Model type: Laser-cut kit
Skill level: Intermediate
Wingspan: 19 inches
Wing area: 283 square inches
Length: 21 inches
Weight: 17 ounces
Construction: Balsa and light plywood
Street price: $89.98

Test-model details:

Motor used: Turnigy 2822/14 1,450 Kv brushless electric outrunner
Speed controller: Turnigy 20-amp
Servos: Three Hitec HS-55
Battery: Glacier three-cell 800 mAh LiPo
Propeller: APC 7 x 4
Radio system: Tactic TA624 receiver; Tactic transmitter
Ready-to-fly weight: 17 ounces
Flight duration: 5 to 10 minutes


• Interlocking laser-cut parts make building easy.
• Unusual configuration.
• Incredibly strong.
• Can be hand launched similar to a Frisbee.


• Requires significant nose weight.

Bonus video:

Product review

Retro RC has an enviable history of reincarnating vintage designs into practical, enjoyable, easily built aircraft. The company has done it again with The Saucerus RC. The original design dates back to a 1953 George Harris Control Line (CL) model called the Sassy Saucer. Modern laser cutting and a great updated design make this an easy project.

This review is slightly unusual in that it is based on a production prototype kit. I didn’t have formal instructions. I did have plans, some build pictures, and most importantly, access to designer Mark Freeland, who lives nearby.

Start by reviewing the parts layout on the laser-cut wood and the plans. I found it helpful to either leave the pieces until they are needed or mark them for later identification. A couple of things can be done early and allowed to dry. The lower cowl is formed by wetting the piece and wrapping it around something that has roughly a 1-inch diameter.
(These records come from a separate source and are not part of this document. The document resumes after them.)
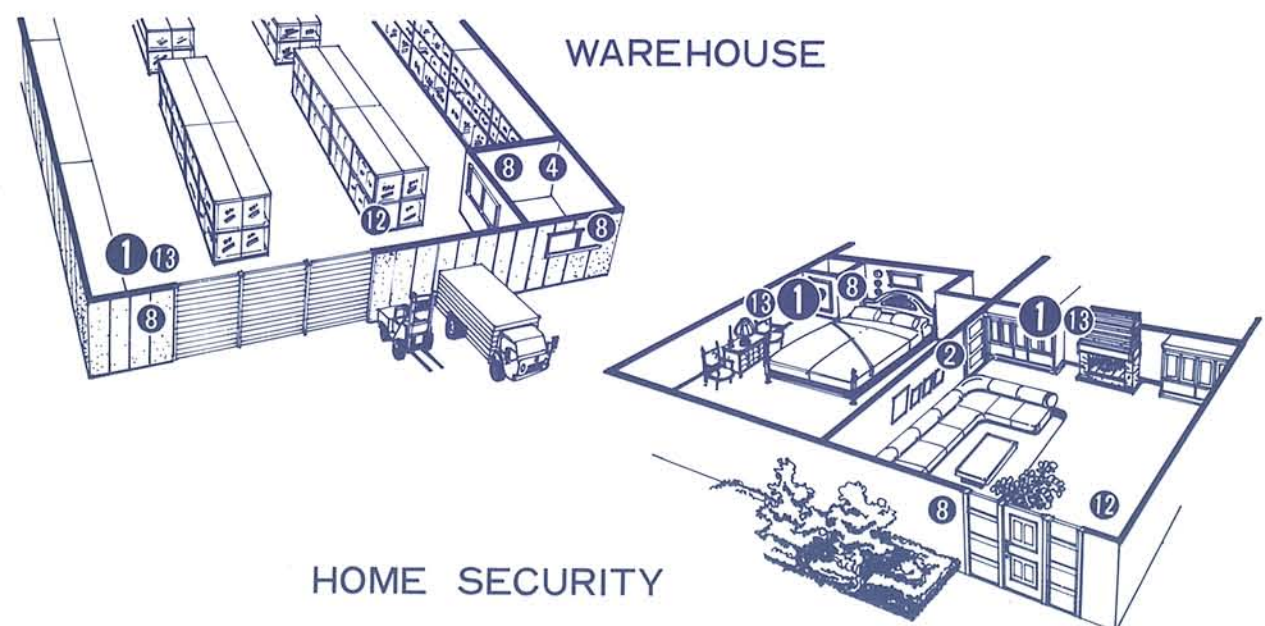

SURVEILLANCE CAMERA SYSTEMS

INFRARED SYSTEM DARKNESS PHOTOGRAPHY WITH INFRARED FLASH & INFRARED FILM

OKUDA WIRELESS SURVEILLANCE CAMERA SYSTEMS

SURVEILLA REMOCON 35

●Finger-tip control, high-efficiency 35 mm full-size surveillance camera/wireless remote control.
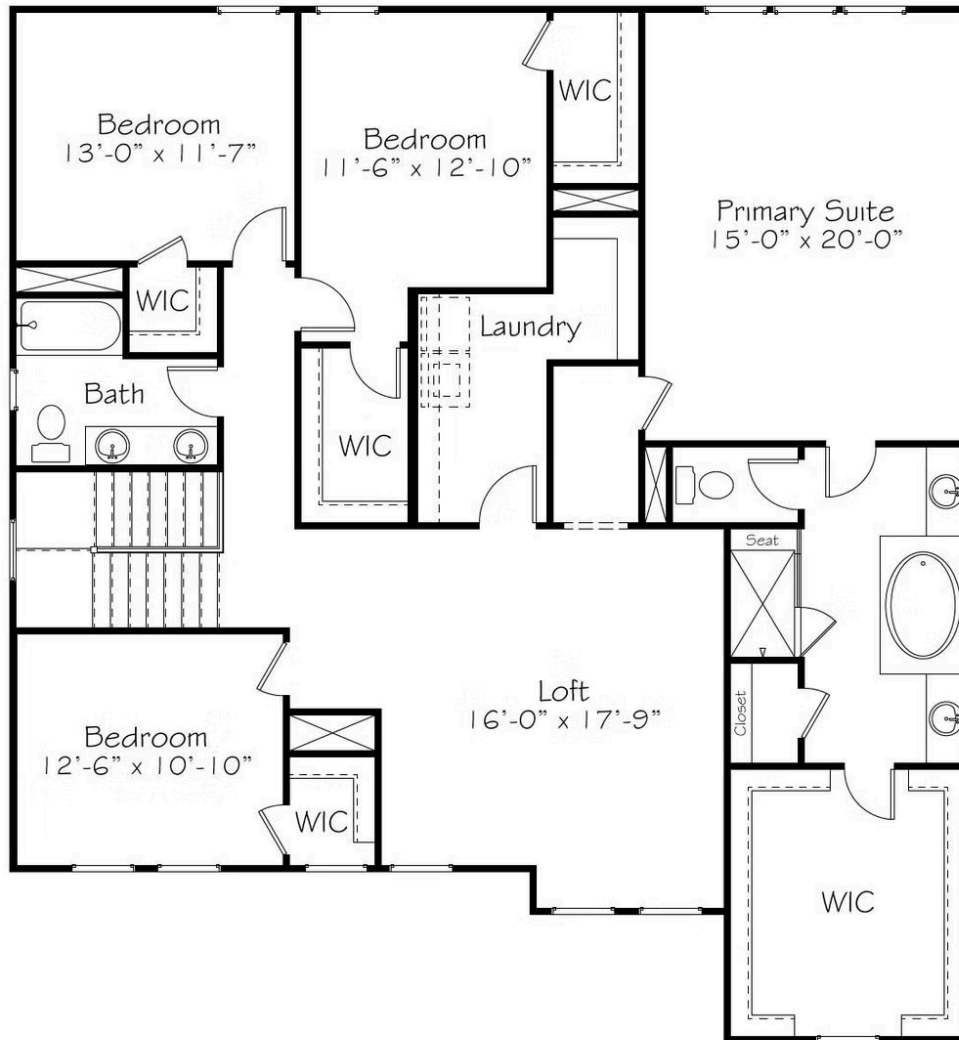

Second Floor

All square footage is approximate. Renderings are artist's conceptions and may vary slightly from the actual home. Homes may be built in reverse of plans shown, depending on site conditions. Minor architectural changes may be made occasionally at the option of the builder. Please contact your Sales Consultant for details.
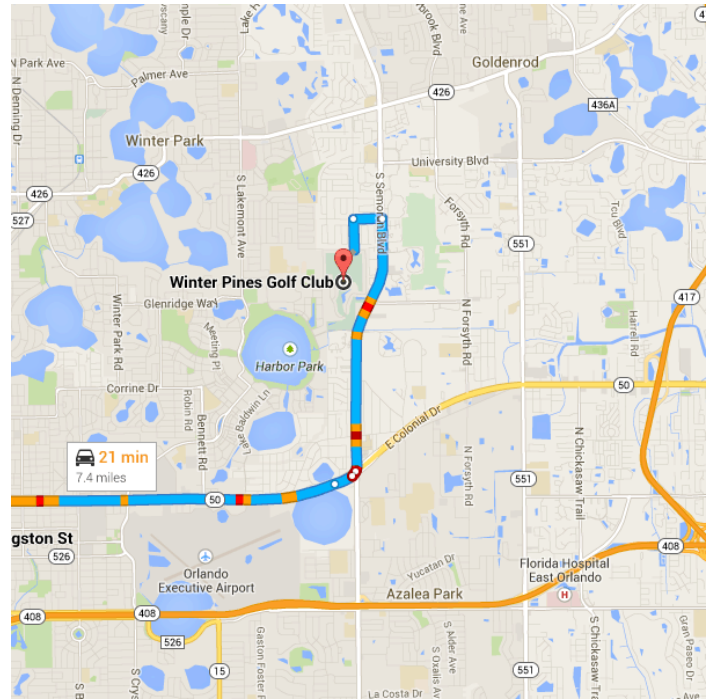

Drive 7.4 miles, 16 min

Directions from 123 E Livingston St to Winter Pines Golf Club

o 123 E Livingston St

Orlando, FL 32801

Take N Magnolia Ave to FL-50 E/E Colonial Dr

0.5 mi / 2 min

↑ 1. Head west on E Livingston St toward N Rosalind Ave

449 ft

➡ 2. Turn right onto N Magnolia Ave

0.4 mi

➡ Turn right onto FL-50 E/E Colonial Dr

3.8 mi / 8 min

Take N Semoran Blvd to S Ranger Blvd in Winter Park

3.1 mi / 6 min

-  4. Slight right onto E Colonial Dr
0.2 mi
 -  5. Slight left toward N Semoran Blvd
318 ft
 -  6. Slight left onto N Semoran Blvd
2.3 mi
 -  7. Turn left onto Banchory Rd
0.3 mi
 -  8. Turn left at the 2nd cross street onto S Ranger Blvd
0.3 mi
-  Destination will be on the left

📍 Winter Pines Golf Club

950 South Ranger Boulevard, Winter Park, FL 32792

These directions are for planning purposes only. You may find that construction projects, traffic, weather, or other events may cause conditions to differ from the map results, and you should plan your route accordingly. You must obey all signs or notices regarding your route.
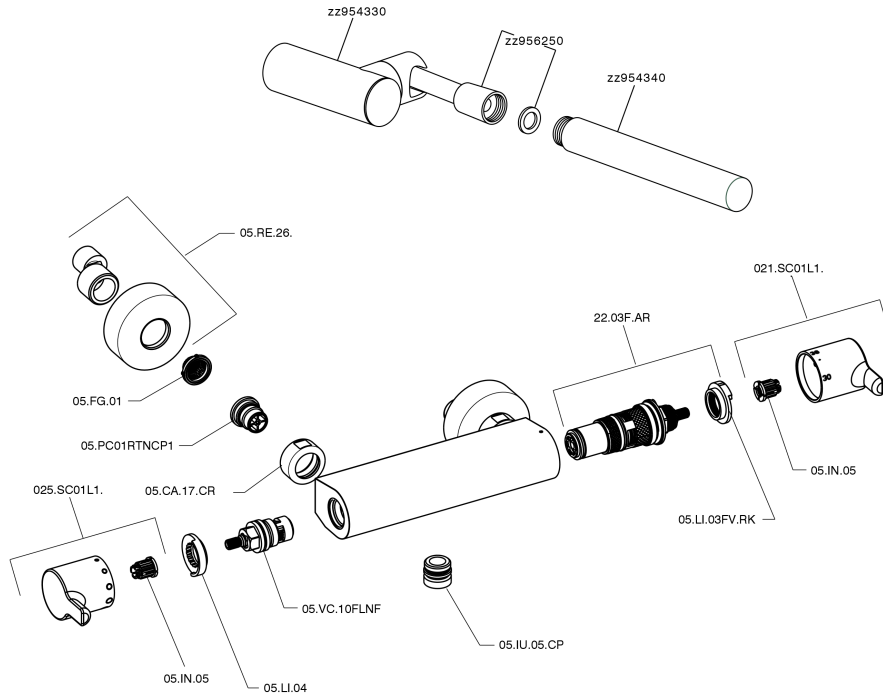

Miscelatore termostatico doccia completo H2_H2D01010

H2D01010

<https://huberitalia.com/miscelatore-termostatico-doccia-completo-h2-h2d01010>

2024-11-21

Form the pieces while keeping in mind the built-in right thrust.

The wheels are built up on a drill bit. I prefer to use a slower-drying adhesive to make sure that every surface is wetted. Avoid getting adhesive on the outer surface of the balsa disk because it will be difficult to sand to shape.

After the wheel assembly is thoroughly dry, simply chuck the drill bit into your drill or drill press and sand a smooth contour to the balsa disk. I used 220-grit sandpaper to avoid removing too much material.
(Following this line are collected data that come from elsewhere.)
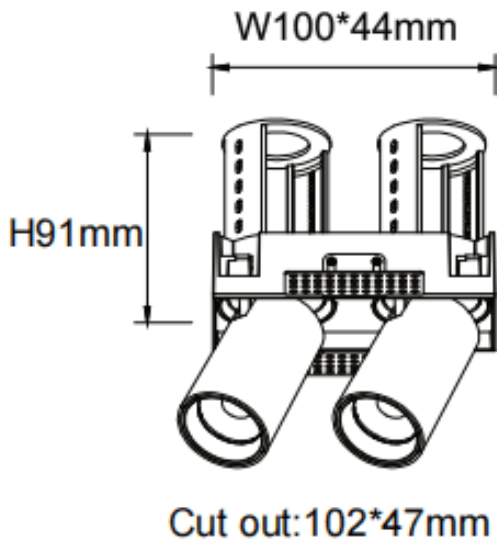

PTT ST2 Smart

Lavov downlight from the family PTT ST2 Smart with a power of 2x7W and a beam angle of 15°. Finished in White colour. Trimless version. With a total lumen output of 1400lm and a luminous efficacy of 100lm/W. Made in Die Cast Aluminum. Driver Dimmable Casamby ready. CCT 3000K.

Item code	86.D153.1319.01
Product type	Indoor
Category	Downlights
Family	PTT
Subfamily	PTT ST2 Smart
Pictograms	

Dimensions

Product dimensions (mm) $\varnothing 113 \times 63 \times H90 \text{mm}$

Scheme

Product	
Real power (W)	2x7
Real luminous flux (Lm)	1400
Luminous efficiency (Lm/W)	100
Beam angle (°)	15
Life time (h)	50000 h L80B10
Colour	White
Control gear included	Yes
Control gear	Dimmable Casamby ready
Flicker Free	Yes
Light source	LED
Type of LED	COB
Colour temperature (K)	3000
Colour consistency (SDCM)	SDCM3
CRI	90
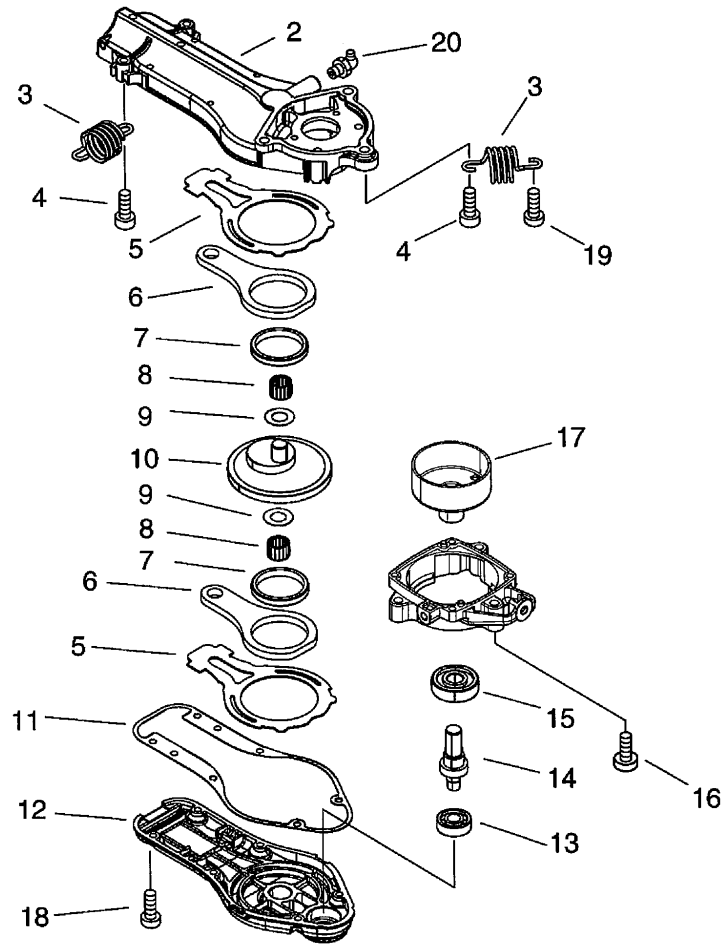

Group:Hedge Trimmers Model:HC-331ES(36) Section:Gear Case (6)
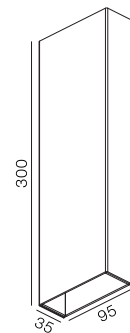

Wall Compact 300

-  IP44
-  Class I
-  Wall Surface
-  RG1 | Blue light
-  Altamente riciclabile
Highly recyclable
-  FSC
Package

8.4Watt Up&Down Wall light

Code	System Power	LED Power	Lumens(at 3000K)	CRI	Lifetime (Ta 25°C)
WL3107	10.5W	350mA 24V	450lm	>90	50.000h L90B10

Finish	LED CCT	Beam	Key Information	
Powder Coat	 2700K	 20x40°	Material	Aluminium
Anodize	 3000K		Mounting	Wall Surface
Solid Material	 4000K		Warranty	5 Year

Gear

This product is supplied with Built-in on/off or phase dim driver.
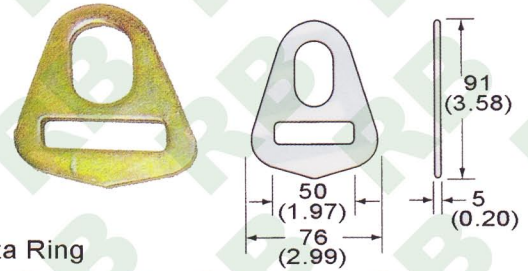

MH202

1" Flat Hook W/keeper

B/S: 600Kgs/ 1320Lbs

MH210

1" Flat Strap End

B/S: 450Kgs/ 1000Lbs

MH211

1" Strap End 90°

B/S: 350Kgs/ 750Lbs.

MH204

Delta Ring W/Defener

B/S: 2000Kgs/ 4400Lbs

MH212

2" Flat Delta Ring

B/S: 6800Kgs/ 15000Lbs

MH205

2" Delta Ring W/Defender

B/S: 5000Kgs/ 11000Lbs

MH213

2" Delta Ring

B/S: 5000Kgs/ 11000Lbs

MH205

2" Delta Ring

B/S: 5000Kgs/ 11000Lbs

MH214

2" Delta Ring, 50mm

B/S: 2500Kgs/ 5000Lbs

Openable Delta Hook, Heavy Duty

MH206

50mm, B/S: 7,500kgs

MH207

75mm, B/S: 15,000kgs
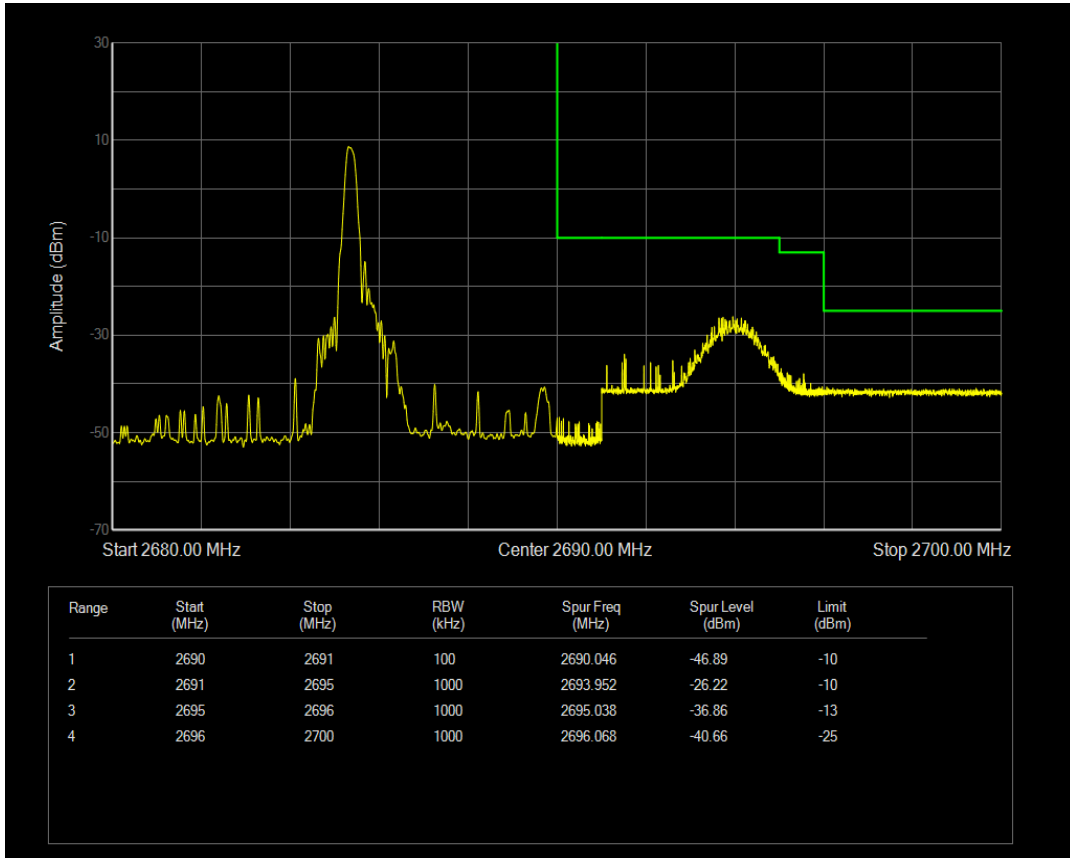

Band41 QPSK BW=5MHz Channel=41565 RB Size=1 Position=#0

Band41 QPSK BW=5MHz Channel=41565 RB Size=1 Position=#Max
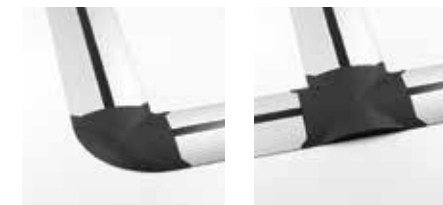

## EVoline Bridge

The EVoline Bridge tidies up the cable routing. The rail is rigid, suitable for rolling over and so flat that no tripping hazard arises. Power and data cables are laid separately in two compartments in their sturdy anodised aluminium housing.

## EVoline WireLane

With EVoline WireLane, all cables run in orderly tracks. The plastic under-the-table channel is screwable, linkable and flexible. Individual links can be connected or disconnected.

## EVoline Rail

Not all power and data connections need to be accessible on the desk-top. In the case of representative tables, even a completely free area is often desired. EVoline Rail helps with under-the-table mounting, not least with the practical clip for fastening the WireLane.

Nine pieces of plywood and balsa form the wheels. Use a drill as a guide to hold everything in alignment. The drill then becomes the spindle to shape the balsa end caps.


The saucer is composed of interlocking ribs running front to back and spars running left to right. Follow the plans and begin interlocking the ribs and spars. The ESC tray interlocks between two ribs and two spars on the right side.
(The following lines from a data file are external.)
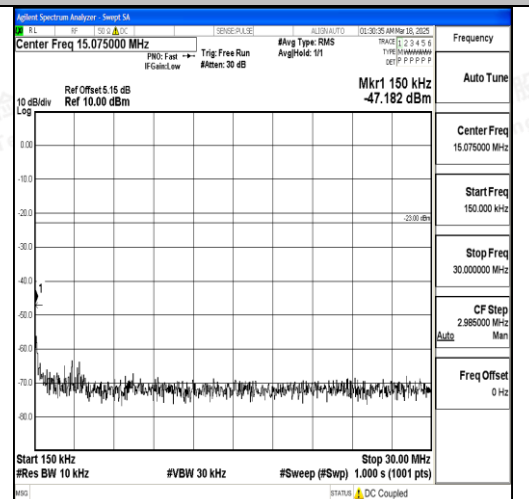

Band12_5MHz_16QAM_23095_1RB#0_3000~10000_3000~10000

Band12_5MHz_QPSK_23155_1RB#0_0.15~30_0.15~30

Shenzhen LCS Compliance Testing Laboratory Ltd.
Add: 101, 201 Bldg A & 301 Bldg C, Juji Industrial Park Yabianxueziwei, Shajing Street, Baoan District, Shenzhen, 518000, China
Tel: +(86) 0755-82591330 | E-mail: webmaster@lcs-cert.com | Web: www.lcs-cert.com
Scan code to check authenticity
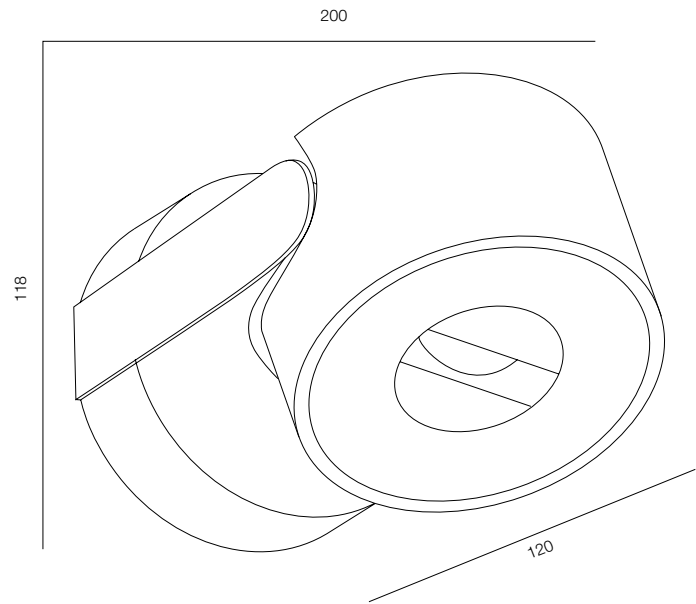

OKKO LOOCH

OKKO LOOCH

POWER - 6W / OPTIC - LOOCH / CCT - 2200K / CRI>93 Ra (R9>90) / COMFORT - UGR <19 / IP65 / 220V (driver included) / CONTROL - DIM DALI / WARRANTY - 2 YEARS

FINISHES: PAINT (gray)
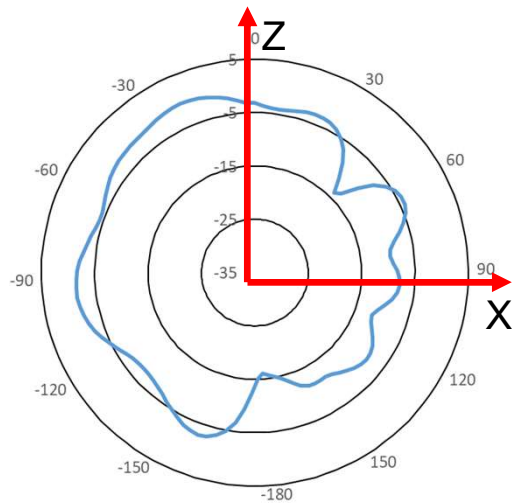

Diverse | Radiation Pattern of WIFI Antenna

By Diverse 2023-03-14

Diverse Radiation Pattern of WIFI Antenna

M450

Diverse Radiation Pattern of WIFI Antenna

Bottom

Bottom

Right

WIFI antenna : 2400MHz

WIFI antenna
average Gain: -3.9dB

WIFI antenna
peak Gain: 3.4dBi

Diverse Radiation Pattern of WIFI Antenna

WIFI antenna : 2440MHz

WIFI antenna
average Gain: -3.2dB

WIFI antenna
peak Gain: 4.5dBi

Diverse Radiation Pattern of WIFI Antenna

WIFI antenna : 2500MHz

WIFI antenna
average Gain: -2.9dB

WIFI antenna
peak Gain: 4.6dBi

Diverse Radiation Pattern of WIFI Antenna

Bottom

Bottom

Right

Don’t glue anything yet. Pay special attention to the orientation of each piece of the outer ring. You should have five separate sections. H1 and H8 stay separate, H2 and H3 are glued together, H4 and H5 are glued together, and H6 and H7 are glued together. These subassemblies slide into the perimeter slots in the ribs and spars. The sub ribs associated with the elevons should be installed when you are sliding in the outer ring pieces.

The most important part of the process is properly aligning all of these pieces. Prop up the outer ring. I used some scrap strip balsa that was cut to 1-inch lengths. Whatever you have handy will work, but support the entire perimeter and add weights to hold everything in place.

Now sight down each rib and spar to make sure they are perfectly straight. Using a straightedge is preferred, especially on S5 and S6 because they serve as the hinge line for the elevons.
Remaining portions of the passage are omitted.